WHAT YOU HAVE TO DO: Using the records below, count the lines containing "sorties" and give only the total.

::::

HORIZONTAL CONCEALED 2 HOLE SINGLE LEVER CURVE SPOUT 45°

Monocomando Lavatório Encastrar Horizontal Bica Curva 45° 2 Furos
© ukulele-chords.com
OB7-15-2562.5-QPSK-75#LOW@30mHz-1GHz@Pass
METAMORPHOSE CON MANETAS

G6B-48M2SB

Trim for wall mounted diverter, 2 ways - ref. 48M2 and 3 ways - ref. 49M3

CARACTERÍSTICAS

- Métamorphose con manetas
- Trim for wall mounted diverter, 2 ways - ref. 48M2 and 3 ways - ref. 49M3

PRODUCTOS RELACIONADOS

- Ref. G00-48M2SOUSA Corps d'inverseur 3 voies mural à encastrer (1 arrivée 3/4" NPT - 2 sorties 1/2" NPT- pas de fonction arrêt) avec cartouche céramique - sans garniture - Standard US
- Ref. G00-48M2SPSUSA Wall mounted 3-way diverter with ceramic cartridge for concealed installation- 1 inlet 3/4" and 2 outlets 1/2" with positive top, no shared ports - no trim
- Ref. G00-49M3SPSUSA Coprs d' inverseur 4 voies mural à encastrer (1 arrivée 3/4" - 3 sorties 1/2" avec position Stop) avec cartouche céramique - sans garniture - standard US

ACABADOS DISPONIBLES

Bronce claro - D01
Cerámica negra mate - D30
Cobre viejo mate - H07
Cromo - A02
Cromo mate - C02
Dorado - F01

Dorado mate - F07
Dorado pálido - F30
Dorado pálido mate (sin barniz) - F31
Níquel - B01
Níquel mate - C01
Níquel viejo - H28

::::

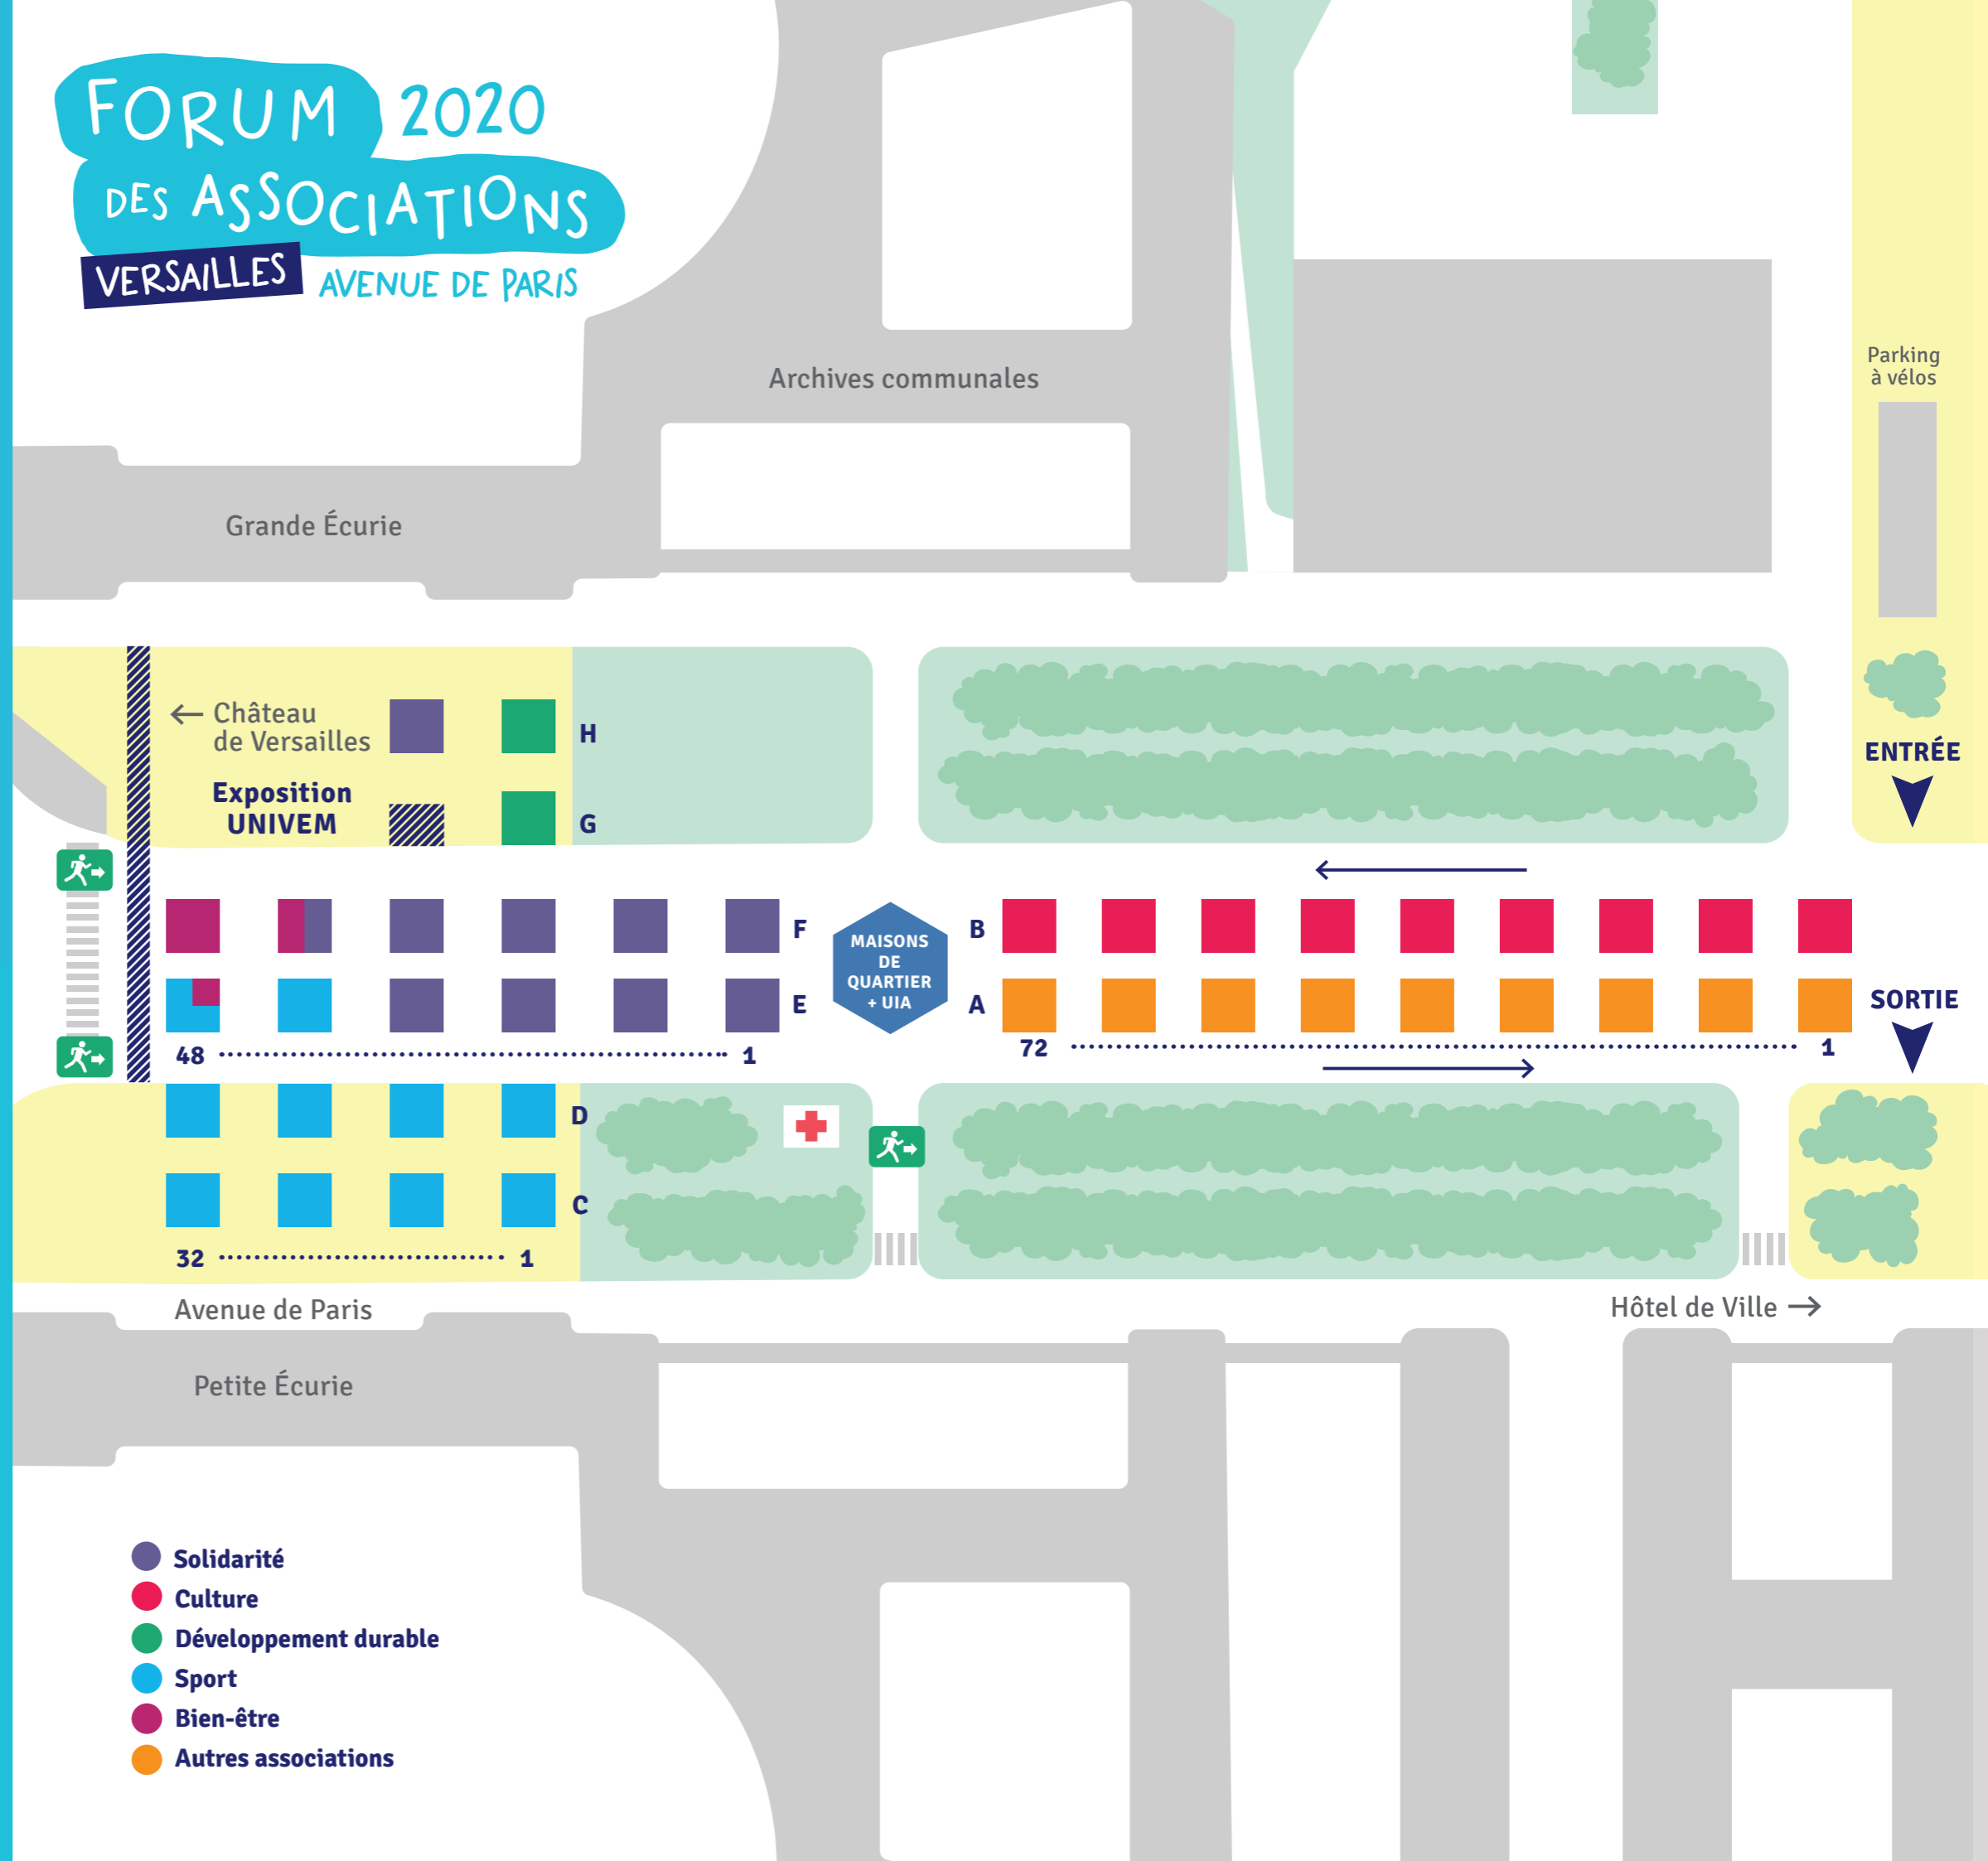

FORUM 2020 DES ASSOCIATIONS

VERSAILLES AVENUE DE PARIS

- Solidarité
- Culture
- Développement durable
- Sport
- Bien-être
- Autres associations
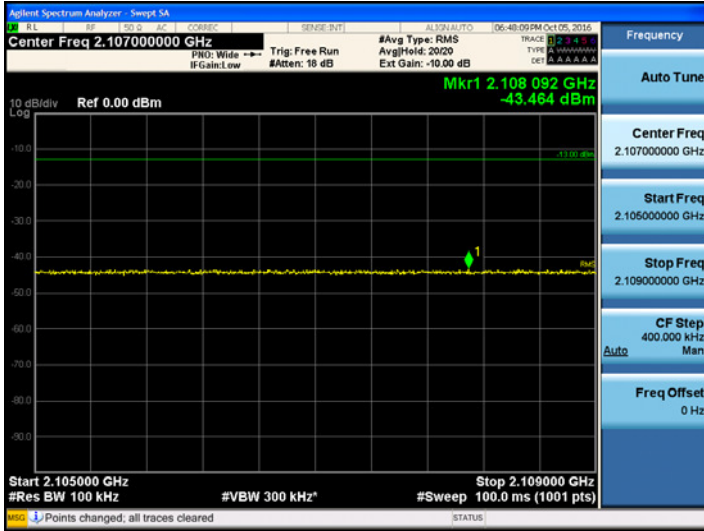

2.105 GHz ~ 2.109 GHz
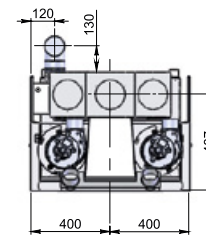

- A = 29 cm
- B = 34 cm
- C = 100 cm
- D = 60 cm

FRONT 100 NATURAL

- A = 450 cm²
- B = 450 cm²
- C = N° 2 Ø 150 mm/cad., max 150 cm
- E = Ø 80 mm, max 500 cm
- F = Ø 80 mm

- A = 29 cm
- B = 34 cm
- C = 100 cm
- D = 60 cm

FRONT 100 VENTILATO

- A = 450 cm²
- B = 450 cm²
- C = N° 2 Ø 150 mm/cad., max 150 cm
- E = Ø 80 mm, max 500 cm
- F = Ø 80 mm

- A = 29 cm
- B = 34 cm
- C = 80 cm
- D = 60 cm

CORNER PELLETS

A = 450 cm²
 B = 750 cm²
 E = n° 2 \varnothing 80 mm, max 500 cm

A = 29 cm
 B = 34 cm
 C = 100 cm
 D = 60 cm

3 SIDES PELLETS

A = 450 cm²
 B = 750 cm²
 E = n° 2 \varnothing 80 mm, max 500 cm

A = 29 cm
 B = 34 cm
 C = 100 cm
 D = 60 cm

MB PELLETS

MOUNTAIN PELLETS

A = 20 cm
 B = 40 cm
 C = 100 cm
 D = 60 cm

::::

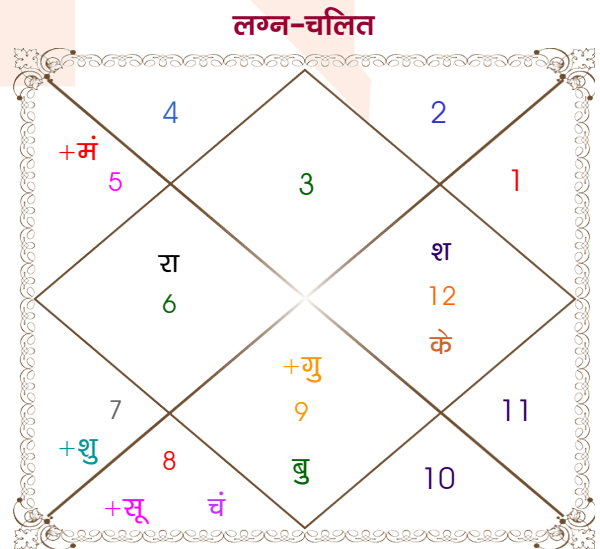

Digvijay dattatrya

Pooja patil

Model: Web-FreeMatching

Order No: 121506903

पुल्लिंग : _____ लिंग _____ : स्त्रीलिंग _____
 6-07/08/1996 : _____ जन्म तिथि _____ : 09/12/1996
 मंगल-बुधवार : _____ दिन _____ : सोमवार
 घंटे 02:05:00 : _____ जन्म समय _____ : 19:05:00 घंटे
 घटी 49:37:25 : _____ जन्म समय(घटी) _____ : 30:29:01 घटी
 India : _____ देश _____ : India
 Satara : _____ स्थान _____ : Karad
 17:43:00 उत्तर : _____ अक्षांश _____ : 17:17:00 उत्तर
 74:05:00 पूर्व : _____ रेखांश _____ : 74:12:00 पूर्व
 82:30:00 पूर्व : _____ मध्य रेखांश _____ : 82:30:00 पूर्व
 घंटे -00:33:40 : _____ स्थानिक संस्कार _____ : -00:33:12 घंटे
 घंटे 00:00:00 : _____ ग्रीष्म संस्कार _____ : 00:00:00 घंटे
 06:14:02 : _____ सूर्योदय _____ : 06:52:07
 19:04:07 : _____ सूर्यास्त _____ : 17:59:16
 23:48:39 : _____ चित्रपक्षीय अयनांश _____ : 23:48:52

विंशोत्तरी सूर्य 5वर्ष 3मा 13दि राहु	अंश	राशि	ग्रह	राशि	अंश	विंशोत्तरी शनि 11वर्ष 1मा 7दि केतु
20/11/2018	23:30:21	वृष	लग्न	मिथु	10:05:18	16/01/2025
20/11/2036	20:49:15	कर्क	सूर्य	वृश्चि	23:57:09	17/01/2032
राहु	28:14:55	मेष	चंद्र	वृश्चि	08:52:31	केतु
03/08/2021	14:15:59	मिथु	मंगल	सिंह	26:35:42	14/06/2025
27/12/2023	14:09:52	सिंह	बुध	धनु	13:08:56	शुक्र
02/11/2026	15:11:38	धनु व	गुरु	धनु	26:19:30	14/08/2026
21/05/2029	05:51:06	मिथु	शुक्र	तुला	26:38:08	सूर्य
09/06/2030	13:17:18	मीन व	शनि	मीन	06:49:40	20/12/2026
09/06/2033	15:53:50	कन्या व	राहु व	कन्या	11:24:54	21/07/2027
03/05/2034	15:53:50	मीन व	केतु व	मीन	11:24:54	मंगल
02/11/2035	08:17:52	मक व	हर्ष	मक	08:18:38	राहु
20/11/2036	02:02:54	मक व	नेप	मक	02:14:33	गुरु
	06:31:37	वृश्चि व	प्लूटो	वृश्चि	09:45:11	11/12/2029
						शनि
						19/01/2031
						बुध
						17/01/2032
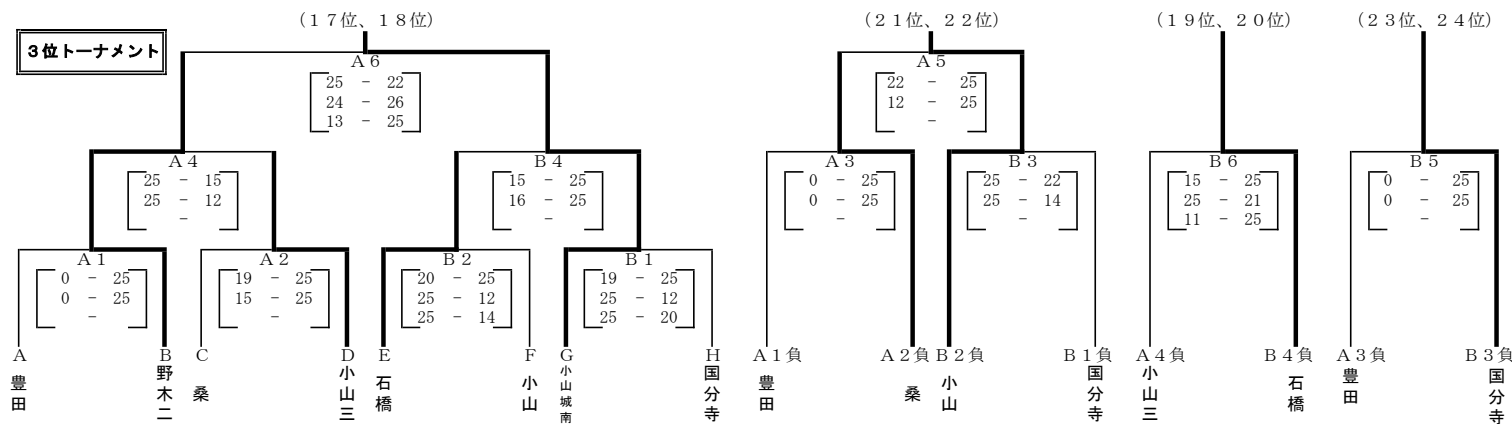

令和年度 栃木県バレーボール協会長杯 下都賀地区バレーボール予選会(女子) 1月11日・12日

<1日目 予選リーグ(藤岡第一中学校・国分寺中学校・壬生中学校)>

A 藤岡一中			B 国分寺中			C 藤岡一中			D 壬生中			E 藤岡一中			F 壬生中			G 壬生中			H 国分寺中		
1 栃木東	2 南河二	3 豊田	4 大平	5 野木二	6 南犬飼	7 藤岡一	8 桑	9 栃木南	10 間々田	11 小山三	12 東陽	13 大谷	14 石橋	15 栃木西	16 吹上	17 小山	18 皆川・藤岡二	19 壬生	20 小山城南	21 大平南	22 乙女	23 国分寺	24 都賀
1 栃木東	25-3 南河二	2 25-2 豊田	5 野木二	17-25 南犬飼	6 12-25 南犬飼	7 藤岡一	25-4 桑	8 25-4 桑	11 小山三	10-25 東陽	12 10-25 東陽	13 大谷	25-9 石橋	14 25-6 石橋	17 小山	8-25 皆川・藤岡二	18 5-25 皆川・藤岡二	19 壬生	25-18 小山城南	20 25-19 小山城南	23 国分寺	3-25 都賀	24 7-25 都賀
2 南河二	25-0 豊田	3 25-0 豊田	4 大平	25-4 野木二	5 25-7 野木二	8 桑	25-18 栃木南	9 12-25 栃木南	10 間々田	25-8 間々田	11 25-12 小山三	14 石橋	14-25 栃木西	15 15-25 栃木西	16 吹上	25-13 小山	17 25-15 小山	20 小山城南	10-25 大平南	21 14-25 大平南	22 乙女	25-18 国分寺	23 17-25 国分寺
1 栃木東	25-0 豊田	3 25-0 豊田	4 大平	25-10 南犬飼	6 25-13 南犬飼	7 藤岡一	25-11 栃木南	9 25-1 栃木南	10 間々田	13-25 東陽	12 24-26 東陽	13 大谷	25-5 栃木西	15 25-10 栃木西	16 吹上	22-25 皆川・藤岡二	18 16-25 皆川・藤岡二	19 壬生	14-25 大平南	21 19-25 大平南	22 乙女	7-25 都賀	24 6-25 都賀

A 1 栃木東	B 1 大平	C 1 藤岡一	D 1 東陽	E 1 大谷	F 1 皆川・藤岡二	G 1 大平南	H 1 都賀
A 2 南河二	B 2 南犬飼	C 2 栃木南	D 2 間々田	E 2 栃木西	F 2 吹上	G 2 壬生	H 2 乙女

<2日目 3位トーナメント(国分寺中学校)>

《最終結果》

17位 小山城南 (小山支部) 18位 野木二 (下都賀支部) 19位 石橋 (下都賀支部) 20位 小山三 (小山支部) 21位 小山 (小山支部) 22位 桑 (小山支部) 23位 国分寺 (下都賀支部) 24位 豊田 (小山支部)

::::

SOLVED PROBLEM: 2